CBasic
When Kemeney and Kurtz developed BASIC, they did not patent or protect in any way their invention. This made possible the growth and differentiation of BASIC. Among the first users of BASIC was General Electric, which had sold the GE-225 to Dartmouth. The spread of BASIC dialects started around 1970 when G.E. released machines with the fifth version of BASIC instead of waiting for the new version of BASIC to come up. This happend one year later in 1971 when Kemeney and Kurtz released "BASIC the Sixth".

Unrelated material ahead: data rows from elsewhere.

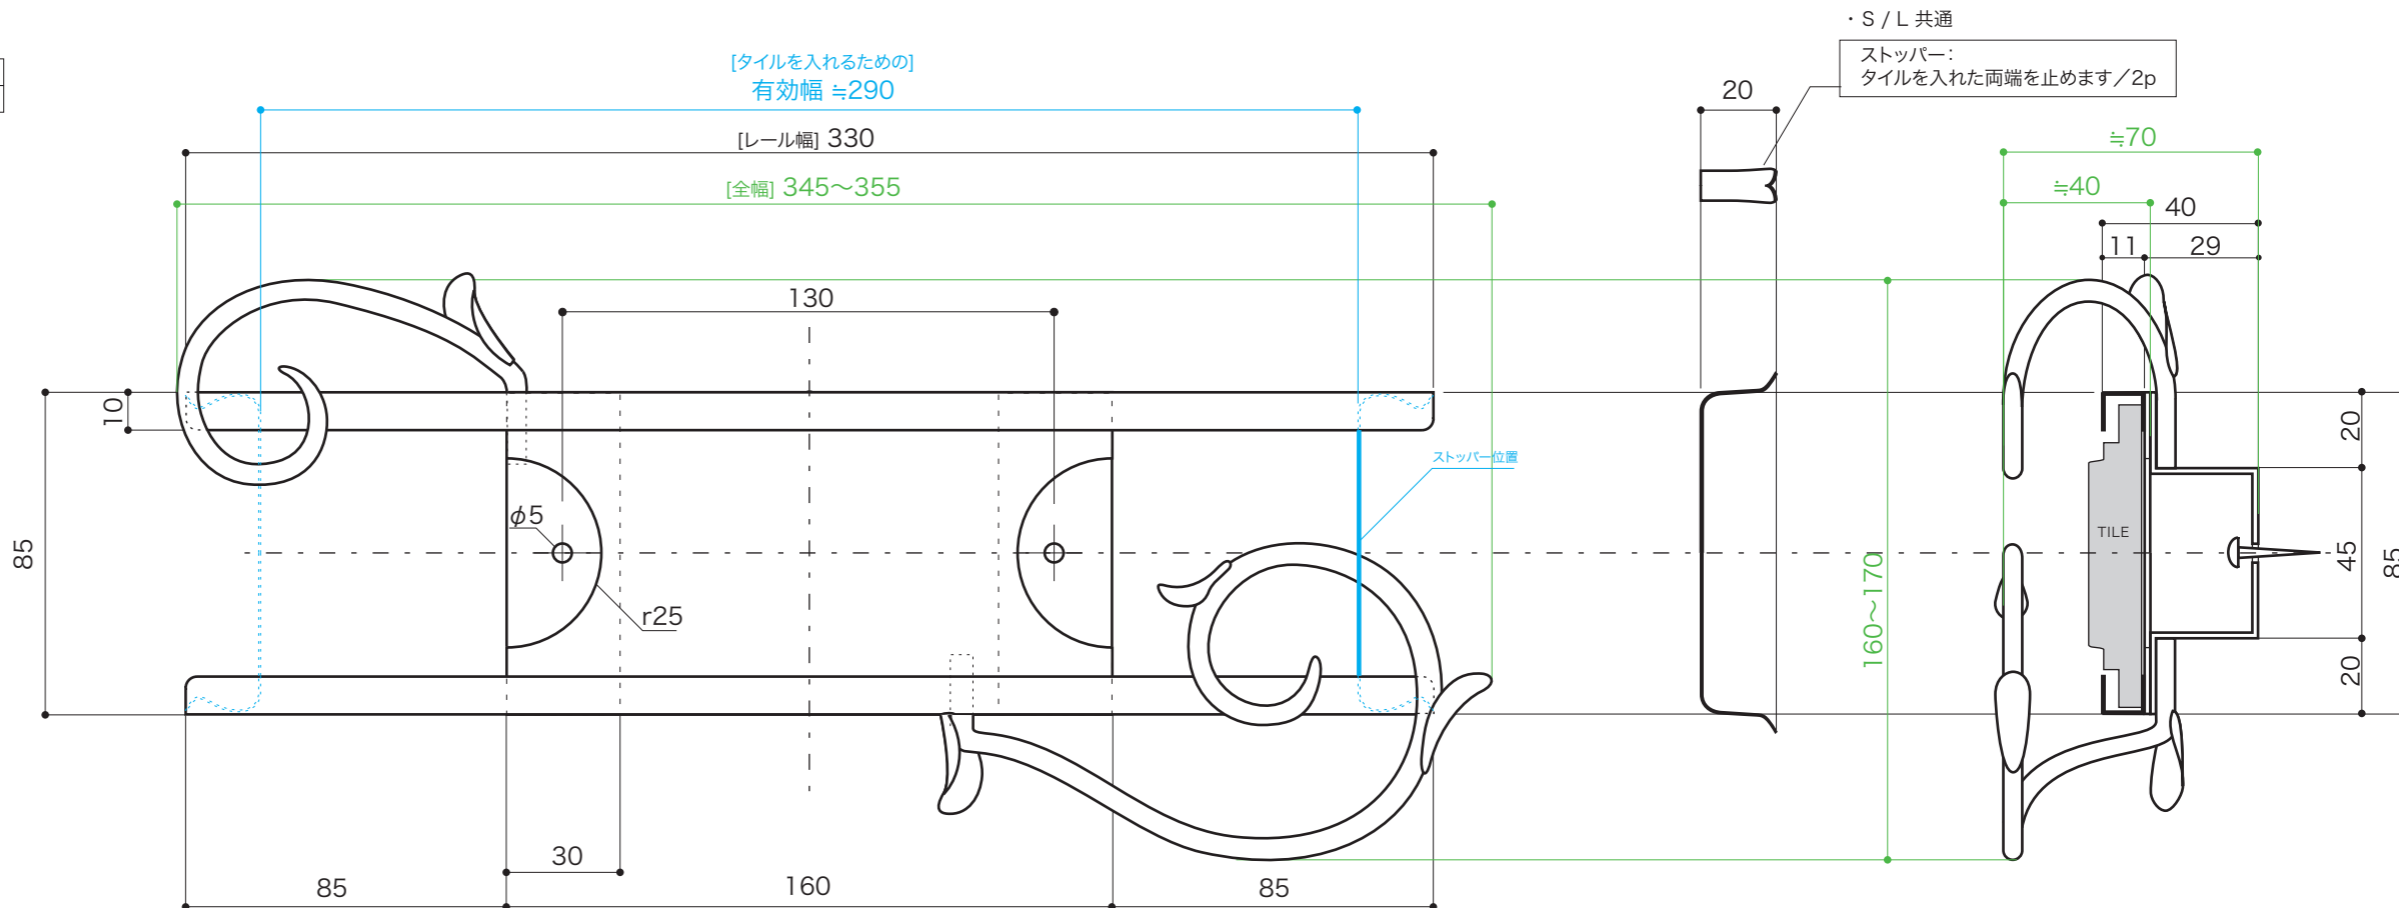

SIGN

表札

サインレール 唐草 L/S

[ネームタイルと組合わせる表札] 用

ロートアイアン

S=1/2 (単位 / mm) open up '06

■ topic

・アイアン [亜鉛メッキ/ウレタン塗装]
・取付けネジ、壁体用アンカー付
・インドネシア製

※ 亜鉛メッキはサビを完全に防止するものではありません。
※ 組み合わせるタイルは文字により幅が異なります。

※ 設計寸法です。手作りのため個体差があります。

HAND MADE

| | | |
|----|---------|---|
| 品番 | E327051 | L |
| | E327061 | S |

S/6p 用

L/10p 用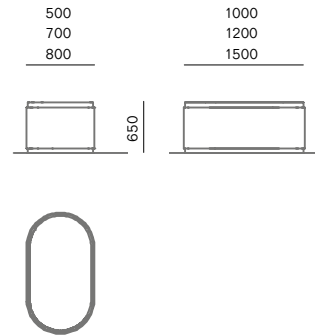

Design

EUROmodul design studio

Konstrukcija

Pocinkovani čelik u boji antracit (RAL 7016 odnosno druga boja po izboru) ili inox AISI 304

Načini postavljanja

Direktno na podlogu

Žardinjera 652

konstrukcija	dijametar	šifra
antracit RAL 7016 ili po izboru	2020 mm	652 100
	2170 mm	652 120
	2520 mm	652 140
inox AISI 304	2020 mm	652 101
	2170 mm	652 121
	2520 mm	652 141

Direktno na podlogu

Žardinjera 653

konstrukcija	dimenzije	šifra
antracit RAL 7016 ili po izboru	1000 x 500 mm	653 100
	1200 x 700 mm	653 120
	1500 x 800 mm	653 140

Žardinjera 654

Opis

Žardinjera sa klupom

Design

Žardinjera 654

konstrukcija	dimenzije	drvo	
		ariš	iroko
antracit RAL 7016 ili po izboru	450 x 500 mm	654 100	654 102
	650 x 750 mm	654 120	654 122
	1500 x 800 mm	654 140	654 142
inox AISI 304	450 x 500 mm	654 101	654 103
	650 x 750 mm	654 121	654 123
	1500 x 800 mm	654 141	654 143

Žardinjera 655 - 2 dvostruko staklo

konstrukcija	dimenzije	šifra
antracit RAL 7016 ili po izboru	800 x 500 mm	655 200
	1200 x 500 mm	655 220
	1600 x 500 mm	655 240
inox AISI 304	800 x 500 mm	655 201
	1200 x 500 mm	655 221
	1600 x 500 mm	655 241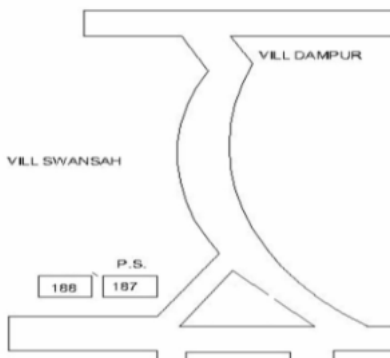

Nazri Naksha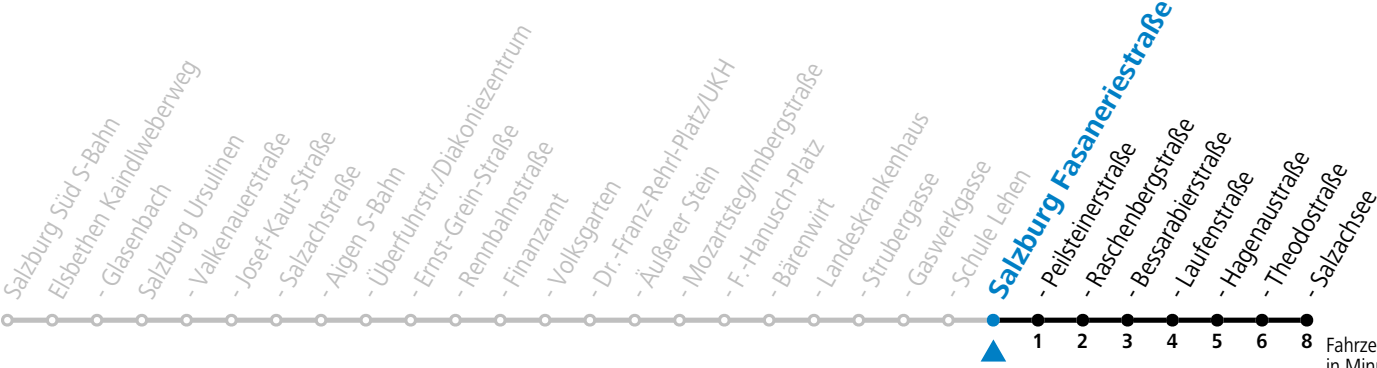

gültig ab 8.9.2024.

Fahrzeiten in Minuten
Alle Angaben ohne Gewähr.

Montag bis Freitag					Samstag					Sonn- und Feiertag				
5	26	46	56		5	46				5	37			
6	06	18	33	48 56	6	06	26	36	46	6	07	37		
7	03	13	23	28^a 33 43 53	7	06	26	46		7	07	37		
8	03	13	23	33 43 53	8	06	26	48		8	07	37		
9	03	13	23	33 43 53	9	03	18	33	48	9	07	37	52	
10	03	13	23	28 33 43 53	10	03	18	33	48	10	06	26	46	
11	03	13	23	33 43 53 58	11	03	18	33	48	11	06	26	46	
12	03	13	23	33 43 53	12	03	18	33	48	12	06	26	46	
13	03	13	23	28 33 43 53	13	03	18	33	48	13	06	26	46	
14	03	13	23	33 43 53	14	03	18	33	48	14	06	26	46	
15	03	13	23	33 43 53	15	03	18	33	48	15	06	26	46	
16	03	13	23	33 43 53	16	03	18	33	48	16	06	26	46	
17	03	13	23	33 43 53	17	03	18	33	48	17	06	26	46	
18	03	13	23	33 43 53	18	03	18	33	46	18	06	26	46	
19	03	13	23	46	19	06	26	46		19	06	26	46	
20	06	26	46		20	06	26	46		20	06	26	46	
21	06	26	46		21	06	26	46		21	06	26	46	
22	06	26	46		22	06	26	46		22	06	26	46	
23	06				23	06	22	57		23	06			
					0	32								
					1	07								

a = bis Salzburg Raschenbergstraße

* **NACHTSTERN: Freitag, sowie vor Sonn-/Feiertag ab ca. 22:00 Uhr - Verkehr nach Samstag-Fahrplan**
Ferien im Bundesland Salzburg: 23.12.2023 bis 07.01.2024, 12. bis 18.02., 23.03. bis 01.04., 06.07. bis 08.09., 24.09. und 26.10. bis 02.11.2024 (Vorbehaltlich Änderungen durch die Schulbehörde)

Aufgabenträgerschaft: Stadt Salzburg, Betreiber: Salzburg Linien Verkehrsbetriebe GmbH, Bayerhamerstraße 16, 5020 Salzburg, Tel.: +43 (0)800 220050

Datum: 12.08.2024 13:40:20; Linie: 91-7-M-50-H; Haltestelle: 50817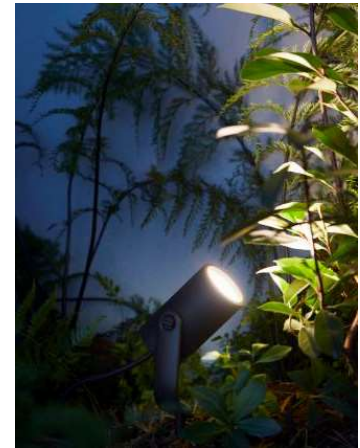

## Philips HUE LED Spot Lily 1flg. 640lm, Schwarz, WACA, Erweiterung

1741530P7

Im Handel ab Juni 2018

### Features

- Beleuchten und personalisieren Sie Ihren Außenbereich
- Passen Sie das Licht Ihren täglichen Bedürfnissen an
- Einfach zu steuernde Beleuchtung für eine stimmungsvolle Atmosphäre
- Setzen Sie Highlights in Ihrem Garten
- Wählen Sie aus 16 Millionen Farben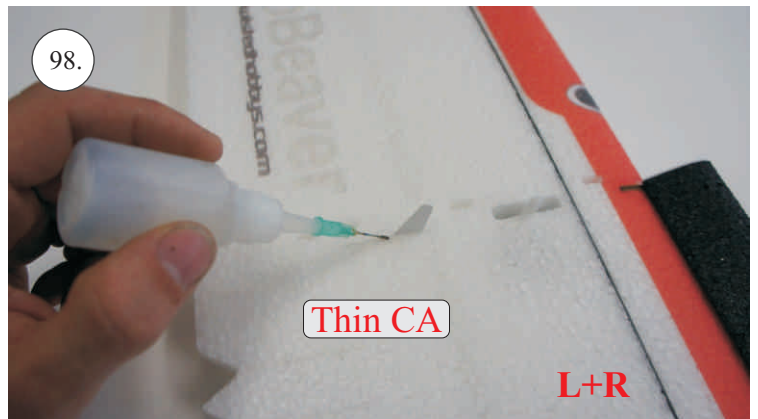

Dále budete potřebovat:

* Plochý šroubovák
* Malé kleště
* Kulatý jehlový pilník

* Skalpel
* CA lepidlo střední + řídké, aktivátor
* Pravítko
* Smirkový papír 100-500

Přejeme Vám mnoho šťastně nalétaných hodin s Beaverem.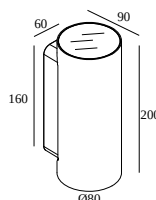

## NOCTA RD80 DOWN-UP SP 927

30115 9200 N

DOSTĘPNE W  
**ALU SZARY** 30115 9200 A  
**CZARNY** 30115 9200 B  
**FLEMISH BRONZE NA ZEWNĄTRZ** 30115 9200 FBRX  
**ANTRACYT** 30115 9200 N  
**BIAŁY** 30115 9200 W

### Ogólne informacje

<b>LOKALIZACJA</b>	zewnątrzne
<b>MONTAŻ</b>	Ściana Montowane na powierzchni
<b>STOPIEŃ OCHRONY</b>	IP65
<b>OCHRONA PRZED UDERZENIEM MECHANICZNYM</b>	IK06
<b>WAGA (KG)</b>	1.4
<b>MOŻLIWOŚĆ REGULACJI</b>	bez regulacji
<b>INFORMACJA</b>	INCL.4 x LENS INCL.LED POWER SUPPLY 700 mA-DC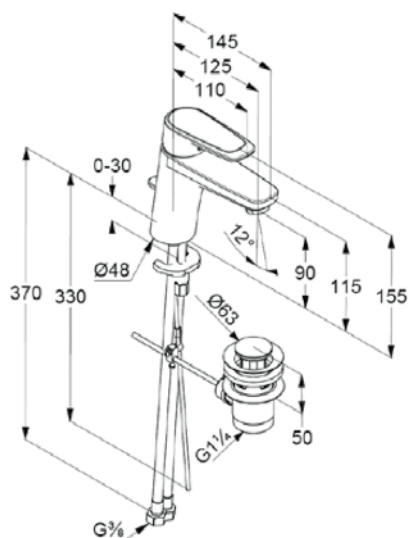

Umyvadlová s výpustí
VIGDES
[504062]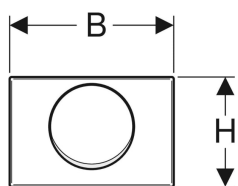

**Geberit Mambo Betätigungsplatte für Spül-Stopp-Spülung, verschraubbar**

Beispielbild

**Verwendungszwecke**

- Zur Spülauslösung bei Sigma UP-Spülkästen

**Eigenschaften**

- Betätigung von vorne

**Lieferumfang**

- Befestigungsrahmen
- 2 Distanzbolzen
- Drückerstange
- Unterbrechungshebel
- Set Schraube

- Drückerstangen schallgedämmt, werkzeuglose Schnelleinstellung

**Technische Daten**

Betätigungskraft | < 20 N

Art.-Nr.	Farbe / Oberfläche	Werkstoff	B	H	T	VE1	VE2
115.751.00.1	gebürstet	Edelstahl	24.6 cm	16.4 cm	2.5 cm	1 St.	10 St.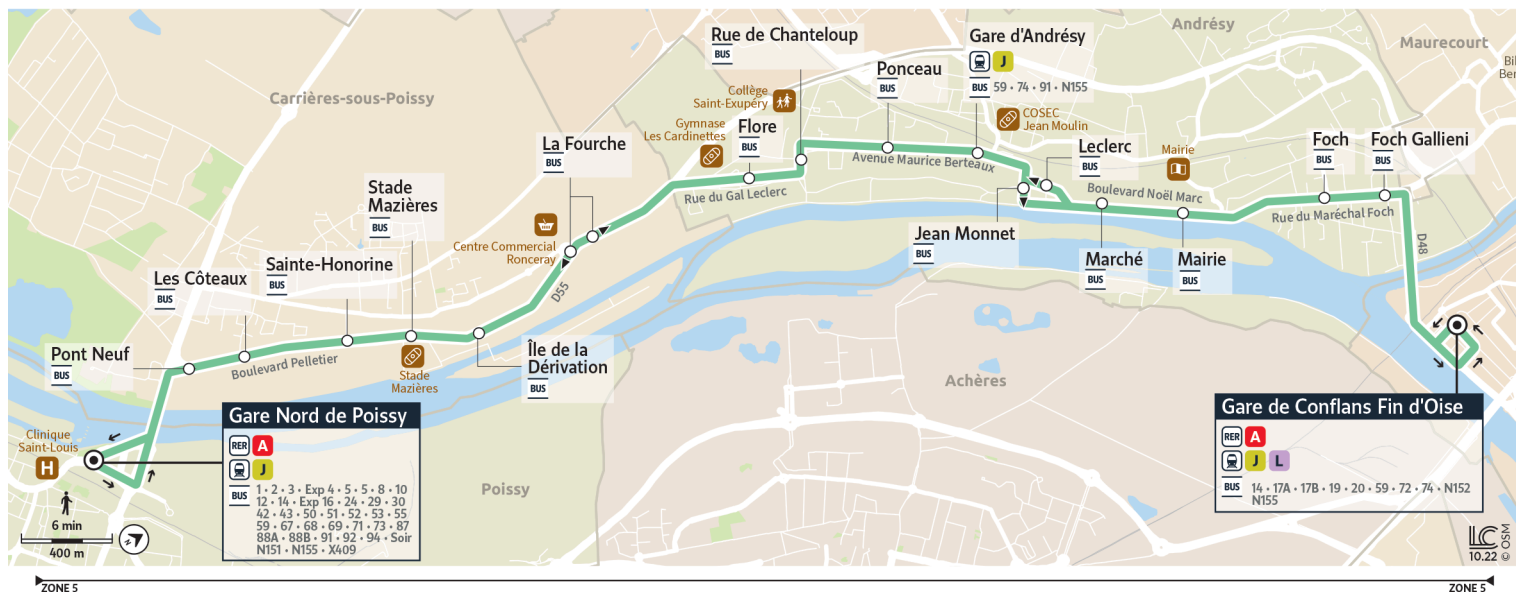

40

Direction :
Gare Nord de POISSY

Horaires valables du 8 juillet au 1er septembre 2024

Dimanche et jours fériés

	Gare de Conflans Fin d'Oise - Quai A1	10:20	11:20	12:20	13:20	14:20	15:20	16:20	17:20	18:20	19:20	20:20
CONFLANS-SAINTE-HONORINE												
ANDRÉSY	Foch Gallieni	10:21	11:21	12:21	13:22	14:22	15:22	16:22	17:22	18:22	19:22	20:22
	Foch	10:22	11:22	12:22	13:23	14:23	15:23	16:23	17:23	18:23	19:23	20:23
	Mairie	10:24	11:24	12:24	13:25	14:25	15:25	16:25	17:25	18:25	19:25	20:25
	Marché	10:25	11:25	12:25	13:26	14:26	15:26	16:26	17:26	18:26	19:26	20:26
	Leclerc	10:26	11:26	12:26	13:27	14:27	15:27	16:27	17:27	18:27	19:27	20:27
	Gare d'Andrézy	10:27	11:27	12:27	13:28	14:28	15:28	16:28	17:28	18:28	19:28	20:28
	Ponceau	10:28	11:28	12:28	13:29	14:29	15:29	16:29	17:29	18:29	19:29	20:29
	Rue de Chanteloup	10:29	11:29	12:29	13:30	14:30	15:30	16:30	17:30	18:30	19:30	20:30
Flore	10:29	11:29	12:29	13:30	14:30	15:30	16:30	17:30	18:30	19:30	20:30	
CARRIÈRES-SOUS-POISSY	La Fourche	10:31	11:31	12:31	13:32	14:32	15:32	16:32	17:32	18:32	19:32	20:32
	Ile de la Dérivation	10:32	11:32	12:32	13:33	14:33	15:33	16:33	17:33	18:33	19:33	20:33
	Stade Mazières	10:33	11:33	12:33	13:34	14:34	15:34	16:34	17:34	18:34	19:34	20:34
	Sainte-Honorine	10:34	11:34	12:34	13:35	14:35	15:35	16:35	17:35	18:35	19:35	20:35
	Les Côteaux	10:34	11:34	12:34	13:35	14:35	15:35	16:35	17:35	18:35	19:35	20:35
Pont Neuf	10:35	11:35	12:35	13:36	14:36	15:36	16:36	17:36	18:36	19:36	20:36	
POISSY	Gare Nord de Poissy	10:38	11:38	12:38	13:39	14:39	15:39	16:39	17:39	18:39	19:39	20:39

BON À SAVOIR

- A l'approche du véhicule, merci de faire signe au conducteur.
- Pour ne pas manquer le passage de votre bus, présentez-vous au moins 5 minutes avant l'horaire affiché.
- Nos conducteurs s'efforcent en permanence de respecter ces horaires. Les conditions de circulation peuvent toutefois causer occasionnellement des retards.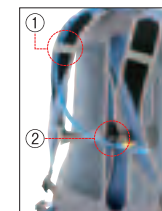

### ハイドレーションシステム

ハイドレーションシステムとは、行動中に効率よく水分補給できるシステムです。

別売のハイドレーションバック（キャメルバック社製オメガリザーバー）を装着することができます。

※対応サイズはカタログやウェブサイトでご確認ください。

ハイドレーションバックはバックパック本体背面内側の上部のループにつるして装着します。チューブは通し穴からバックパック背面に出して、左右どちらにも出すことができます。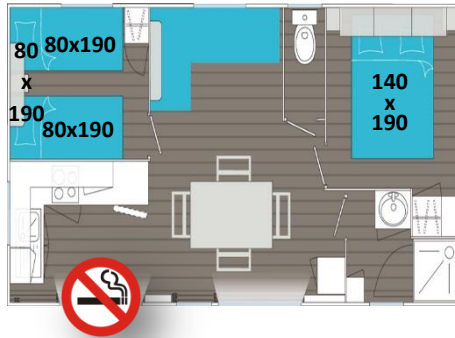

## COTTAGE DOLMEN

**30m<sup>2</sup>**

**Terrasse couverte / Covered terrace : 14 m<sup>2</sup>**

**Personnes / People : 5/6 max**

**Salle de bain - WC / Bathroom : 1**

**Chambres / Bedrooms : 2**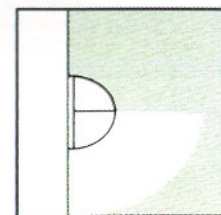

IP65 CLASS 1 EN60598 Ⓢ Ⓡ Ⓢ Ⓢ Ⓢ Ⓢ

	A	B
E-7009	265	105
E-7010	360	145

	A	B
E-7011	265	155
E-7012	360	220

	A	B
E-7013	265	125
E-7014	360	170

	A	B
E-7015	265	125
E-7016	360	170

P.11

APPLICATIONS

CANOPIES · HALLWAYS · CORRIDORS · UNDERGROUND PASSAGERWAYS

STRUCTURE

CORROSION RESISTANT DIE-CAST ALUMINIUM BODY AND COVER.
OPAL POLYCARBONATE DIFFUSER WITH UV STABILIZED ADDITIVE.
STAINLESS STEEL SCREWS.
WEATHER PROOF SILICONE GASKET.
INTEGRAL CONTROL GEAR.
POLYESTER POWDER COAT WITH UV STABILIZED COMPONENT.

AVAILABLE COLOR: BLACK(+B) / DARK GREY(+DG) / SILVER(+S) / WHITE(+W).

應用位置

屋蓋 · 通道 · 走道 · 地下行人道

結構

防腐蝕壓鑄鋁外殼。
奶白聚碳酸酯面罩。
不銹鋼螺絲。
防水密封條。
全進口電器。
抗紫外光粉末噴塗。

外殼顏色：黑 / 深灰 / 銀 / 白。

ORDER CODE 訂購編碼

Cat. No. 型號	Lamp 光源	
E-7009/7011/7013/7015-60GLS	1x60w GLS	燈泡 E27
E-7010/7012/7014/7016-100GLS	1x100w GLS	燈泡 E27
E-7009/7011/7013/7015-118PLC	1x18w PLC	節能管 G24d-2
E-7009/7011/7013/7015-115PLE	1x15w PLE	節能管 E27
E-7009/7011/7013-209PL	2x9w PL	節能管 G23
E-7010/7012/7014-266PLC	2x26w PLC	節能管 G24d-3
E-7010/7012/7014-242PLT	2x24w PLT	節能管 GX24d-4
E-7010/7012/7014-223PLE	2x23w PLE	節能管 E27
E-7010/7012/7014-2D	1x28w/38w/55w 2D	蝴蝶管 GR8
E-7012-80MV	1x80w HME	高壓水銀 E27
E-7012-70SON	1x70w HSE	高壓鈉氣 E27
E-7012-70MH	1x70w HIE	高壓金鹵 E27
E-7015-109PL	1x9w PL	節能管 G23
E-7016-126PLC	1x26w PLC	節能管 G24d-2
E-7016-142PLT	1x42w PLT	節能管 GX24d-4
E-7016-123PLE	1x23w PLE	節能管 E27

PHOTOMETRIC DATA 配光曲線圖

E-7015

Different BASIC versions had started originating and one of them was BASIC-E developed by Gordon Eubanks Jr.(The CEO and president of Symantec) in 1970. Eubanks was pursuing his Masters Degree in computer Science at the Naval Postgraduate School in Pacific Grove, California where his professor of compiler theory, Gary Kildall suggested to him to work on a BASIC interpreter Kildall had begun. The version that emerged was known as BASIC-E which was written for CP/M. BASIC-E had a significant improvement over other variants. BASIC-E used a technique similar to the one currently used by Java. It translated instructions into a kind of intermediate code and then converted into machine readable code. For programmers this meant that they could write sell their programs written for BASIC-E in the intermediate form without fearing that their coding design could be stolen or copied, since the intermediate code was not human-readable. Now, hobbyists could take programming seriously and could start selling their software.
During this time Eubanks also met Alan Cooper and Keith Parsons, who were keen on starting a applications software company and had the ambitions of "making $50,000 a year." They wanted his BASIC-E. Since Eubanks had kept BASIC-E as public domain compiler so Eubanks gave them a copy of his source code and never expected to see them again.
The second Wind
Eubanks met Cooper and Parsons once again in 1977 at the first West Coast Computer Faire where Eubanks was demonstrating Basic-E. The trio had some discusion and decided to work together on another BASIC project.
It was all along a night project. Cooper had a place in Vallejo, California, and Cooper and Parsons would drive there and sit until three in the morning drinking cokes, poring over listings, and trying to decide what statements to put in the language. Sometimes selection was less than scientific. Sitting there in the Vallejo house staring at the code, Alan Cooper would suddenly say,
"Why don't you put a WHILE loop in?" Eubanks would answer, "Sounds good to me," and in it would go. The result was CBASIC. CBASIC made some attempt at being a structured procedural language in an attempt to reduce the "spagetti code" approach. Earlier Eubanks did not protect BASIC-E but he did with CBASIC. In the beginning CBASIC was marketed by Cooper and Parson's Structured "Systems Group" and then by his Eubank's own company, Compiler Systems (which in 1981 was acquired by Digital Research which was started by Kildall). CBASIC was no longer in public domain anymore. People had to pay for it and it had most of the BASIC-E bugs fixed.
But Eubanks didn't know how much to ask for his BASIC. Cooper and Parsons suggested $150; Kildall suggested $90, the price CPIM first sold at. So Eubanks roughly split the difference and charged $100. CBASIC was an immediate success. Apart from that it had laid the foundation for software industry. Software industry had started maturing and was longer a domain for computer hobbyists anymore.